Lex Theory

During the first phase the compiler reads the input and converts strings in the source to tokens. With regular expressions we can specify patterns to lex so it can generate code that will allow it to scan and match strings in the input. Each pattern in the input to lex has an associated action. Typically an action returns a token that represents the matched string for subsequent use by the parser. Initially we will simply print the matched string rather than return a token value.

The following represents a simple pattern, composed of a regular expression, that scans for identifiers. Lex will read this pattern and produce C code for a lexical analyzer that scans for identifiers.

letter(letter|digit)*

This pattern matches a string of characters that begins with a single letter followed by zero or more letters or digits. This example nicely illustrates operations allowed in regular expressions:

repetition, expressed by the "*" operator
alternation, expressed by the "|" operator
concatenation

Any regular expression expressions may be expressed as a finite state automaton (FSA). We can represent an FSA using states, and transitions between states. There is one start state and one or more final or accepting states.

Figure 3: Finite State Automaton

In Figure 3 state 0 is the start state and state 2 is the accepting state. As characters are read we make a transition from one state to another. When the first letter is read we transition to state 1. We remain in state 1 as more letters or digits are read. When we read a character other than a letter or digit we transition to accepting state 2. Any FSA may be expressed as a computer program. For example, our 3-state machine is easily programmed:

start:  goto state0

state0: read c
        if c = letter goto state1
        goto state0

state1: read c
        if c = letter goto state1
        if c = digit goto state1
        goto state2

state2: accept string

This is the technique used by lex. Regular expressions are translated by lex to a computer program that mimics an FSA. Using the next input character and current state the next state is easily determined by indexing into a computer-generated state table.

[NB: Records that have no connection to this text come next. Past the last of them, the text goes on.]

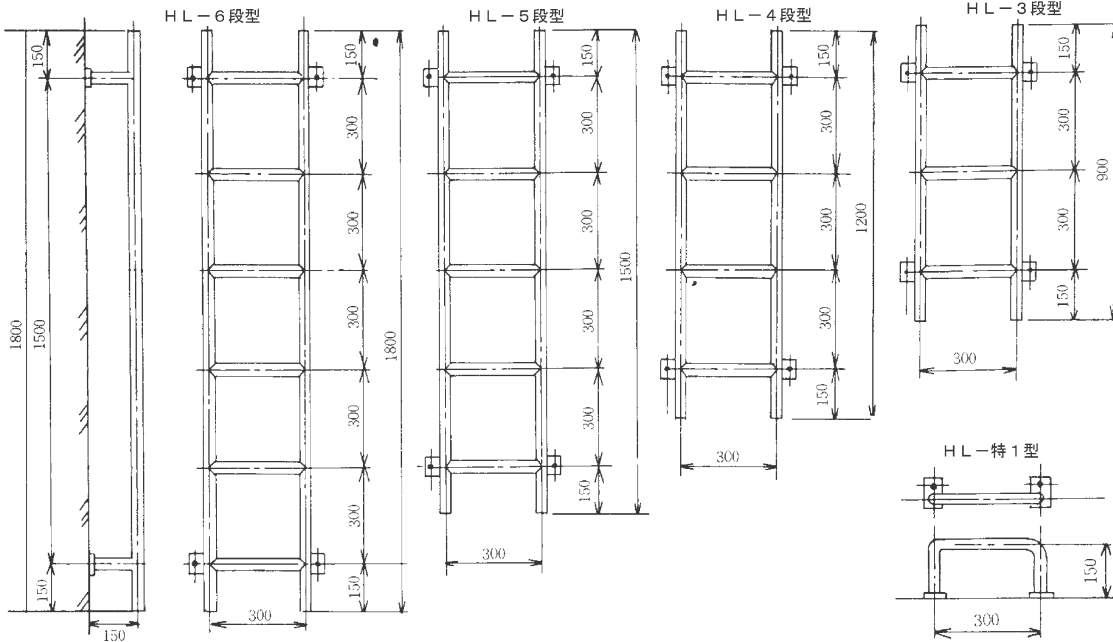

ゴールドタラップ(合成ゴムライニング梯子)

- 特長
- ①表面が溝形ゴムのため、すべり止め効果がバツグンです。
 - ②特殊合成ゴム(CSM)を使用しているため、耐薬品性・耐候性に優れています。
 - ③鉄芯と被覆ゴムは焼付接着で、防錆効果が完璧です。

●ゴールドタラップHL型

●ゴールドタラップAL型

ゴールドタラップ価格表

品名	寸法	価格
HL型	3 段 16φ×300× 900	57,300
	4 段 : × : ×1,200	70,400
	5 段 : × : ×1,500	83,200
	6 段 : × : ×1,800	96,700
AL型 3 段	16φ×300× 750	57,300
HL-特1段型	16φ×300	21,100
HAL-R型	19φ×300× 600	56,300
AL-特1段型	16φ×300× 300	34,900
タラップガード	3段用	133,900
タラップガード	4段用	142,600
タラップガード	5段用	157,400
タラップガード	6段用	174,100

ゴールドステップ R タイプ (合成ゴムライニング足掛金物)

- 特 徴
- ①表面が溝形ゴムのため、すべり止め効果がバツグンです。
 - ②特殊合成ゴムを使用しているため、耐薬品性に優れています。
 - ③鉄芯と被覆ゴムは焼付接着で、防錆効果が完璧です。

品番	形 状	寸 法				価 格
		鉄芯外径	ゴム巻外径	ゴム巻全長	鉄芯全長	
No.6		16mm	22mm	700mm	900mm	4,700
No.7		19mm	25mm	700mm	900mm	5,800

Now we can easily understand some of lex’s limitations. For example, lex cannot be used to recognize nested structures such as parentheses. Nested structures are handled by incorporating a stack. Whenever we encounter a "(" we push it on the stack. When a ")" is encountered we match it with the top of the stack and pop the stack. However lex only has states and transitions between states. Since it has no stack it is not well suited for parsing nested structures. Yacc augments an FSA with a stack and can process constructs such as parentheses with ease. The important thing is to use the right tool for the job. Lex is good at pattern matching. Yacc is appropriate for more challenging tasks.